Bliebe jetzt noch die Frage nach den entwicklungsgeschichtlichen Beziehungen zwischen den Tracheiden und den Tracheen (Gefäßen) zu klären. Neben der Annahme, daß sich die Gefäße von den Tracheiden ableiten, wäre denkbar, daß sie unabhängig voneinander entstanden sind. Zu Beginn der dreißiger Jahre lag genügend Beobachtungsmaterial vor, um zwischen den beiden Hypothesen zu entscheiden. In voneinander unabhängigen Untersuchungen konnten die Amerikaner F. H. FROST (1930/31) V. I. CHEADLE und I. W. BAILEY (in den vierziger und fünfziger Jahren) die Richtigkeit der ersten Annahme beweisen. Die Beweisführung beruht auf logisch nachvollziehbaren Voraussetzungen, die erfüllt sein müssen, um eine direkte genetische Verwandtschaft zwischen den zwei Strukturen sicherzustellen. Mindestens zwei der Voraussetzungen konnten bei der vergleichenden Analyse von Tracheiden und Gefäßen als erfüllt angesehen werden:

  1. Unter der Annahme, daß eine der Strukturen primitiver als die andere ist und beide durch das gleiche genetische Programm determiniert werden, müßte man in der abgeleiteten (weiterentwickelten) Struktur Eigenschaften bzw. Merkmale finden, die für die primitivere Form typisch sind. Wäre das nicht der Fall, müßte die Annahme, daß zwischen beiden eine genetische Verwandtschaft besteht, verworfen werden, es sei denn, beide Strukturen hätten sich seit der Trennung so stark auseinanderentwickelt, daß alle Gemeinsamkeiten verlorengegangen sind. Dazu die Ergebnisse von Beobachtungen an Tracheiden und Gefäßen:

    • Wände primitiver Tracheiden (z.B. die der Pteridophyten) sind meist durch runde oder längliche, schwach oder gar nicht behöfte Tüpfel durchbrochen; an den Zellenden sind diese zu Tüpfelfeldern vereint. Ähnliche Anordnungen findet man bei vielen Gymnospermen. Oft kommen dort übereinanderliegende, rillenförmige Tüpfel vor. Diese Anordnung ähnelt in vielerlei Hinsicht den scaliformen (leiter- oder treppenförmigen) Perforationen (= Perforationsplatten) der Gefäße. Der wesentliche Unterschied liegt im Vorhandensein der Mittellamelle (Schließhaut) bei den Tracheiden und ihrem Fehlen bei den Gefäßen.

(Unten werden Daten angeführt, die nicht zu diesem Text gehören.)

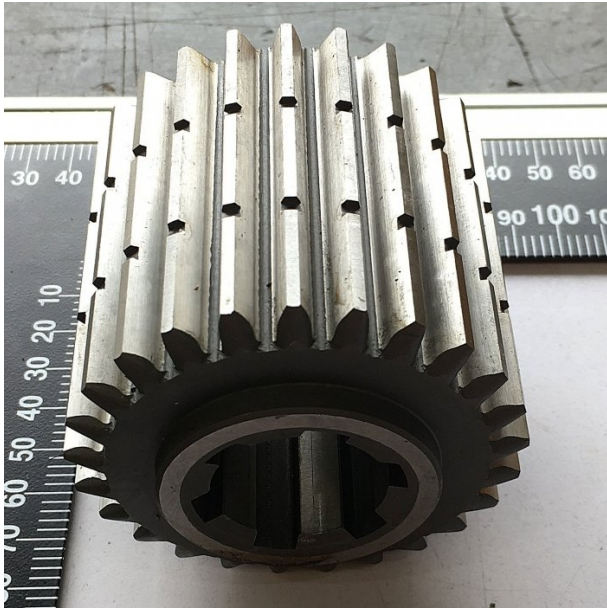

Product Brochure For JF1038

GEAR 25T X 80MM - #119

C6246B-101038

Suits: CL-68A + other models

Specific Features

Side View

Top View

    • Perforationsplatten sind für primitive Angiospermen typisch, eine vollständige Auflösung der Endwand für weiterentwickelte Taxa. Ein Nebeneinander beider Formen ist häufig.

    Die Tracheiden besitzen keine deutlich ausgeprägte Endwand. Sie fehlt auch den primitiven Gefäßen. Mit fortschreitender Vervollkommnung tritt sie (während der Ontogenese !) in immer stärkerem Maße in Erscheinung.

  2. Wenn ein bestimmtes Merkmal als primitiv angesehen werden kann, so ist es wahrscheinlich, daß andere mit ihm sehr eng assoziierte Merkmale ebenfalls als primitiv zu gelten haben.

    • Tracheiden sind dünne, langgestreckte Zellen, Tracheen bestehen aus kurzen, weitlumigen. Dennoch: zahlreiche Übergänge kommen vor. Je länger die Tracheenelemente sind, als desto primitiver können sie gelten. Ihre Wände sind fast immer getüpfelt. Tüpfelfelder mit runden Tüpfeln sind als primitiv einzustufen, scalariforme Perforationen als weiter fortgeschritten und ein völliger Durchbruch als vorläufige Endstufe der Entwicklung von den Tracheiden zu den Tracheen. Mit der Erweiterung des Zellumens ging eine Verstärkung der Sekundärwand einher.

    • Unabhängig von dieser Entwicklung verlief die Evolution der Hoftüpfel. In Tracheiden der Farne und Angiospermen sind sie relativ einfach konstruiert, bei den rezenten Gymnospermen hoch entwickelt.